Social Signals in the Wild

Nonverbal communication is essential for seamless human robot interaction (HRI). Emotional expressions in particular have been highly studied in Human Robot Interaction (HRI), and emotion taxonomies from the psychology domain are typically used to represent the nonverbal affective cues expressed by a human [1].

Humans express their emotions through a variety of social signals. For example, anger can be expressed through a scowl, narrowed eyes, a long stare, or many other expressions. This complexity is problematic when attempting to recognize a human’s expression in a human-robot interaction: categorical emotion models used in HRI typically use only a few prototypical classes, and do not cover the wide array of expressions in the wild.

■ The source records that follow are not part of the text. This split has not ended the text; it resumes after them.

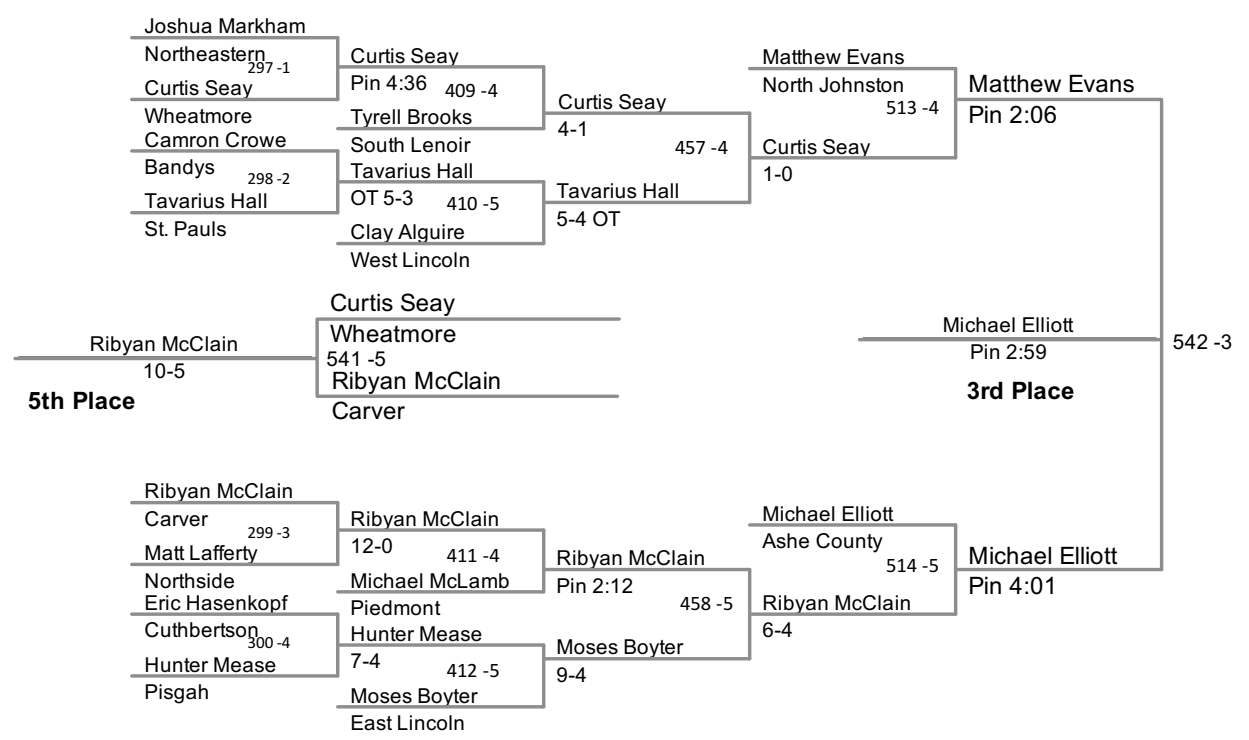

2012 2A Wrestling
NCHSAA Championships

132 Lbs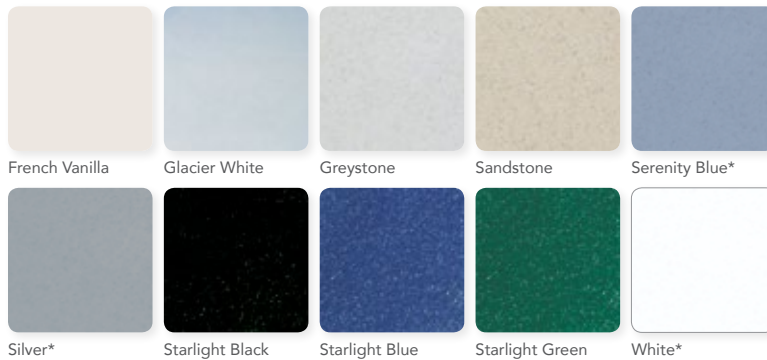

SHELLS & CABINETS

PERMASHELL™ COLORS

PERMAWOOD™ CABINET COLORS

*Serenity Blue, Silver or White not available in Bella MS or Rendezvous LS models. Color samples are for reference only. Actual product color may vary slightly. Nordic Products Inc. reserves the right to change any specifications without notice.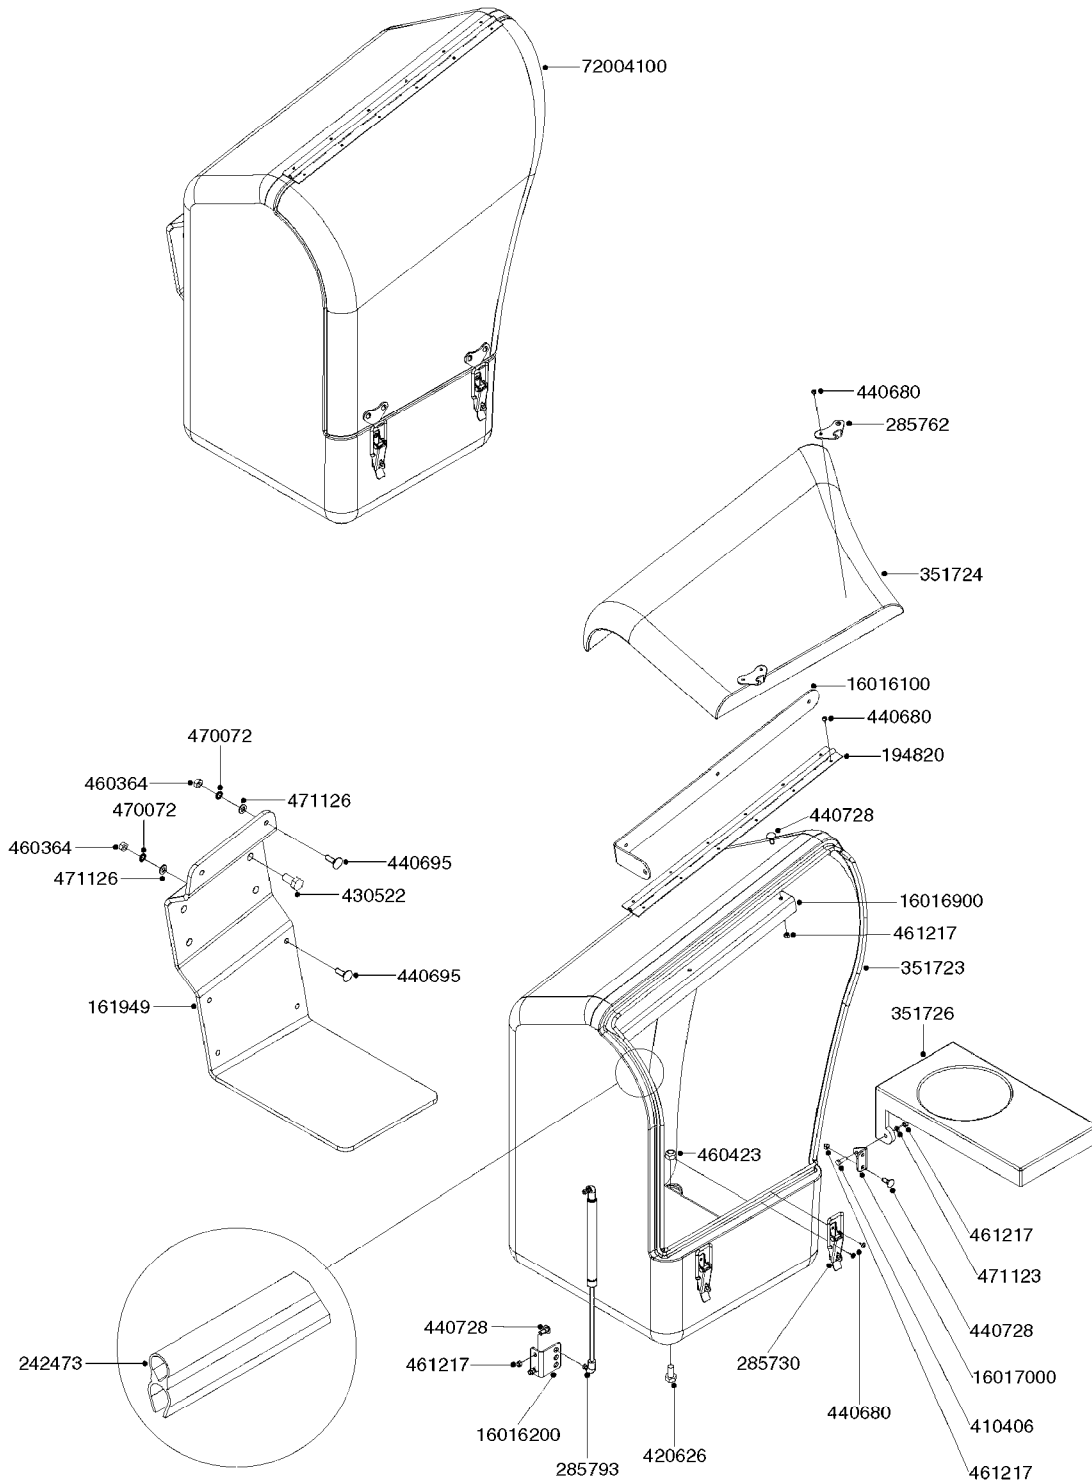

STORAGE LOCKER - LH
K0790-HIN, 01:01:16

Page

0

Date

12.08.2020

8:43

STORAGE LOCKER - LH
K0790-HIN, 01:01:16

Page 1

Date 12.08.2020 8:43

parts-n°	order qty	description
16016100	1	BKT F.LOCKER DOOR OPENER T CM+
16016200	1	BKT F.LOCKER DOOR OPENER B CM+
16016900	1	BKT F. LH LOCKER HINGE CM+
16017000	1	BKT F.LOCKER SHELF HINGE CM+
161949	1	BRACKET STORAGE LOCKER
194820	1	HINGE
242473	1	GASKET
285730	1	LATCH
285762	1	LATCH CLIP
285793	1	GAS CYLINDER
351723	1	LOCKER BODY (RAW) CM+
351724	1	LOCKER DOOR (RAW) CM+
351726	1	WORKING TABLE (RAW)
410406	1	BOLT HEX 8.8 DEL M5X16 FT
420626	1	BOLT HEX 8.8 DEL M10X20 FT
430522	1	BOLT HEX 8.8 DEL M12X25 FT
440680	1	SCREW M4.2X9.5 STAINLESS
440695	1	BOLT CARRIAGE M8X25
440728	1	BOLT CARRIAGE 5MMX16
460364	1	NUT HU M8 A2 SS DIN934
460423	1	NUT HEX M10X1.50 LOCK DIN985A2 SS
461217	1	NUT HEX M5 LOCK
470072	1	WASHER D15/D8X.5 LOCK
471123	1	WASHER, M5, Ø10/ 5.3X 1.0, SS
471126	1	WASHER, M8, Ø16/ 8.4X 1.6, SS
72004100	1	LOCKER KIT F.CM+ LH

In this project, we use a data-driven method towards increasing the number of known emotion classes present in human-robot interactions, to 28 classes or more.

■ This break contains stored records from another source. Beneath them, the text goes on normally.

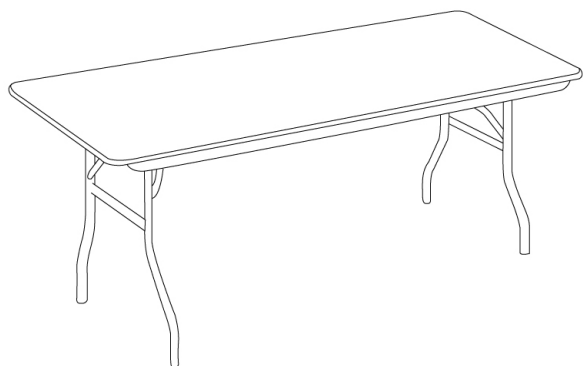

POLYBRITE® SERIES FOLDING BANQUET TABLE - 30" X 72" RECTANGLE (ADJUSTABLE HEIGHT 22-32")

SKU: PB3072-AD

ADDITIONAL INFORMATION

Weight	41 lbs
Dimensions	Length: 72", Width: 30", Height: 22-32"
Features	Durable polyethylene surface, Gravity lock, Rugged steel frame
Table Shape	Rectangle
Material	Lightweight Plastic
Color	Red, Blue
Table Dimensions	30" x 60" x 29"

- Durable polyethylene surface
 - Rugged steel frame
 - Gravity lock folding legs

VARIATIONS

[POLYbrite® Series Folding Banquet Table - 30" x 72" Rectangle \(Adjustable Height 22-32"\)](https://forbesindustries.com/products/meetings-and-events/training-banquet-tables/polybrite-series-folding-banquet-table-30-x-72-rectangle-adjustable-height-22-32/)

<https://forbesindustries.com/products/meetings-and-events/training-banquet-tables/polybrite-series-folding-banquet-table-30-x-72-rectangle-adjustable-height-22-32/>

Forbes Industries

1933 E. Locust St., Ontario, California, USA 91761
(800) 832-5427 • solutions@forbesindustries.com

Image

Description

Color

Any Color

[POLYbrite® Series Folding Banquet Table - 30" x 72" Rectangle \(Adjustable Height 22-32"\)](https://forbesindustries.com/products/meetings-and-events/training-banquet-tables/polybrite-series-folding-banquet-table-30-x-72-rectangle-adjustable-height-22-32/)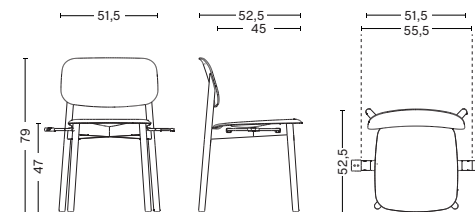

COLOURS AND COMBINATIONS

See page 26

- SOFT EDGE P70 -

DIMENSIONS

W37,5 x D37,5 x H47,5 cm
Seat height 47,5 cm, Seat depth 36 cm

MATERIALS

SEAT / Injection moulded solid coloured polypropylene
Thickness 6 mm. Matt slightly textured surface

SOFT EDGE WOOD

- SOFT EDGE 12 -

DIMENSIONS

W51,5 x D46 x H79 cm

Seat height 47,5 cm, Seat depth 46 cm

MATERIALS

SEAT AND BACK / Moulded plywood

Top veneer in oak

COLOURS AND COMBINATIONS

See page 38

- SOFT EDGE 32 -

DIMENSIONS

W37,5 x D37,5 x H65 cm
Seat height 65 cm, Seat depth 36 cm

W39 x D39 x H75 cm
Seat height 75 cm, Seat depth 36 cm

MATERIALS

SEAT / Moulded plywood. Top veneer in oak

BASE / Solid oak legs

FOOTREST / Stainless steel

With standard gliders / optional felt gliders

COLOURS AND COMBINATIONS

See page 38

- SOFT EDGE 72 -

DIMENSIONS

W36 x D36 x H47,5 cm
Seat height 47,5 cm, Seat depth 36 cm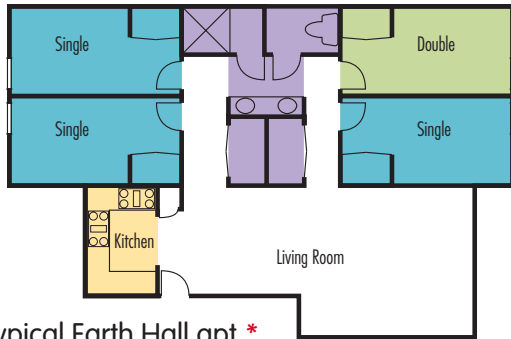

Eleanor Roosevelt College Overview/Room Diagrams

Typical Earth Hall apt.*

**1st & 2nd floor apartments have 2 doubles*

▲ Typical Mesa Verde Hall apts.*

**Lower and 1st floor apartments have doubles and may vary.*

Oceania/Middle East Hall apartment*

**Layouts may vary and are subject to change.*

▼ Typical Geneva Hall apts.*

**3rd floor apartment layouts may vary.*

For additional information, contact the Eleanor Roosevelt College Residential Life Office at 858.534.2261, by email at ercreslife@ucsd.edu, or the Eleanor Roosevelt Residential Life website: <http://roosevelt.ucsd.edu/res-life>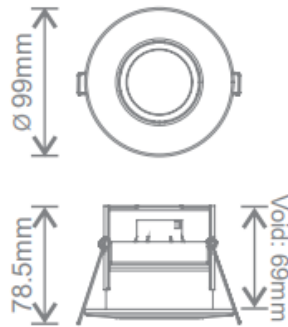

Mauna Fire Can Tilt

08906 MAUTB/GU10

Optional Gear

Product Code	Description	Type
EMPAD01	Neka Emergency Downlight kit 2.5W Manual test	Emergency Module
EMPAD01/SST	Neka Duo Emergency Downlight kit 2.5W Manual & Self-test	Emergency Kit

Accessories

Product Code	Description	Type
MAUBZT-LBAS	Mauna Fire Can Tilt magnetic Bezel, Brass	Bezel
MAUBZT-LCHM	Mauna Fire Can Tilt magnetic Bezel, Polished Chrome	Bezel
MAUBZT-LSCH	Mauna Fire Can Tilt magnetic Bezel, Satin Chrome	Bezel
MAUBZT-LABR	Mauna Fire Can Tilt magnetic Bezel, Antique brass	Bezel

Overview

The Mauna Fire Can downlight provides a holder for a GU10 lamp that's IP65 rated and can be installed under insulation. This version has full tiltable capabilities and can be easily adjusted to suit your needs. With the magnetic bezels that doesn't put functionality at the cost of aesthetics.

IP65

General Information

IP Rating	IP65
Protection Rating	Class I
Installation Area	Internal

Tel: 01635 523 713

Email: sales@kosnic.com

Kosnic.com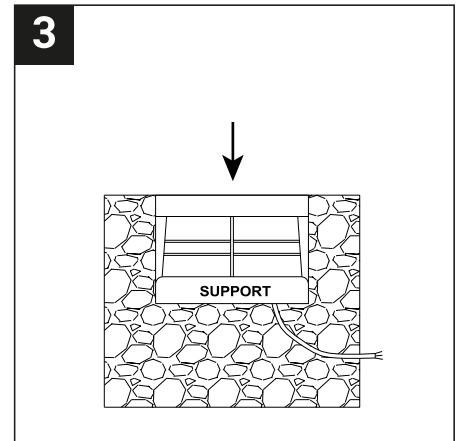

Ref : 677900-677910-677920-677923-677924-677927-677928-677931-677932-677935-677936

<https://www.miidex.com/283-connecteurs-etanches-et-boites-de-derivation>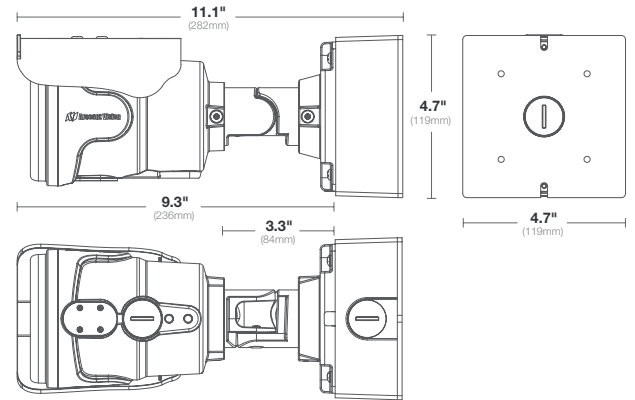

Mechanical	Casing	Die-cast aluminum cylindrical (Bullet-style) housing		
		IP66 weather proof standard		
		Tamper resistant		
	Mount	Easily adjustable 3-axis with 360° pan, 90° tilt and 360° z-axis		
	Total Unit Dimensions	Unit	4.7" H (119mm) x 4.7" W (119mm) x 11.11" D (282mm)	
		Packaged	7.1" H (180mm) x 7.1" W (180mm) x 13.5" D (342.9mm)	
	Weight	Unit	3.9 lb (1.76 kg)	
		Packaged	5.2 lb (2.35 kg)	
	On Board Storage	SDHC slot up to 32GB (Card not included)

We also showcase our initial results using a large in-the-wild HRI dataset (UE-HRI) [2], with 61 clips randomly sampled from the dataset, labeled with 28 different emojis. In particular, our results showed that the "skeptical" emoji was a common expression in our dataset, which is not often considered in typical emotion taxonomies.

This is the first step in developing a rich taxonomy of emotional expressions and social signals that can be used in the future as labels for training machine learning models, towards more accurate perception of humans by robots.

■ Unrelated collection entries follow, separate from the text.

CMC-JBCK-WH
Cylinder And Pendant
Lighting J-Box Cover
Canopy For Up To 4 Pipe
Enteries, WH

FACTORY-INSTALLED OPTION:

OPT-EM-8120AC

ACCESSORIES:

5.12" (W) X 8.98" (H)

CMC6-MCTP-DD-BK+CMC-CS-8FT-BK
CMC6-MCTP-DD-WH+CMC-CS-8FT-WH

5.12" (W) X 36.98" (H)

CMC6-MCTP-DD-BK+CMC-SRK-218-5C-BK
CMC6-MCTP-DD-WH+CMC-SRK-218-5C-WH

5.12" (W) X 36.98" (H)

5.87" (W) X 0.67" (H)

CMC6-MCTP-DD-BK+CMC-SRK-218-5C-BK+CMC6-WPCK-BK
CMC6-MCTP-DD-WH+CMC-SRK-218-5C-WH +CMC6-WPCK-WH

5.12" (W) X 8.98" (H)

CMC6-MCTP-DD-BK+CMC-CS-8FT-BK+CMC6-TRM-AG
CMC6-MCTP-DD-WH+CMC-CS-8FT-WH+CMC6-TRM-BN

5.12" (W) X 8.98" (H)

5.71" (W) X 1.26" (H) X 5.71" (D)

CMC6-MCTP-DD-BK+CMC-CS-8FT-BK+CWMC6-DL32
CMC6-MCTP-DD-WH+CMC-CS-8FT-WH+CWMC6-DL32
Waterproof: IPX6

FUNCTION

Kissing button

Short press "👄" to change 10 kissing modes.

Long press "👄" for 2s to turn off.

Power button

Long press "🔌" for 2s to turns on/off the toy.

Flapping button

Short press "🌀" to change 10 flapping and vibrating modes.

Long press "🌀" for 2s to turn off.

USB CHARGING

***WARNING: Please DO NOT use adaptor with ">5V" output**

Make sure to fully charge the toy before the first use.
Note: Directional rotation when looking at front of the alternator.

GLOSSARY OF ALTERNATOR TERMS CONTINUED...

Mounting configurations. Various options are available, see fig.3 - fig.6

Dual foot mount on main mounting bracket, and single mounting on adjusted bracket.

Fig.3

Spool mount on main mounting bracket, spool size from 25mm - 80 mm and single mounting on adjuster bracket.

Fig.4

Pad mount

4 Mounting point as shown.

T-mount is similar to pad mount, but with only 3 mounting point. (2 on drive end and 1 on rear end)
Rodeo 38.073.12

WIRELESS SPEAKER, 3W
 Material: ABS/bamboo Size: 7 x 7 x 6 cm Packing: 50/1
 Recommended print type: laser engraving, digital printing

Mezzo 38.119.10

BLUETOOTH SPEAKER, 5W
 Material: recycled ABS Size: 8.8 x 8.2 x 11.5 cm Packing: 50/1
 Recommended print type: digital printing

[1] Admoni, Henny. "Nonverbal Communication for Human-Robot Interaction." ACM Transactions on Embedded Computing Systems.2014

[2] Ben-Youssef, Atef, et al. "UE-HRI: a new dataset for the study of user engagement in spontaneous human-robot interactions." Proceedings of the 19th ACM international conference on multimodal interaction. 2017.

[3] Saheb Jam, Ghazal, Jimin Rhim, and Angelica Lim. "Developing a Data-Driven Categorical Taxonomy of Emotional Expressions in Real World Human Robot Interactions." Companion of the 2021 ACM/IEEE International Conference on Human-Robot Interaction. 2021.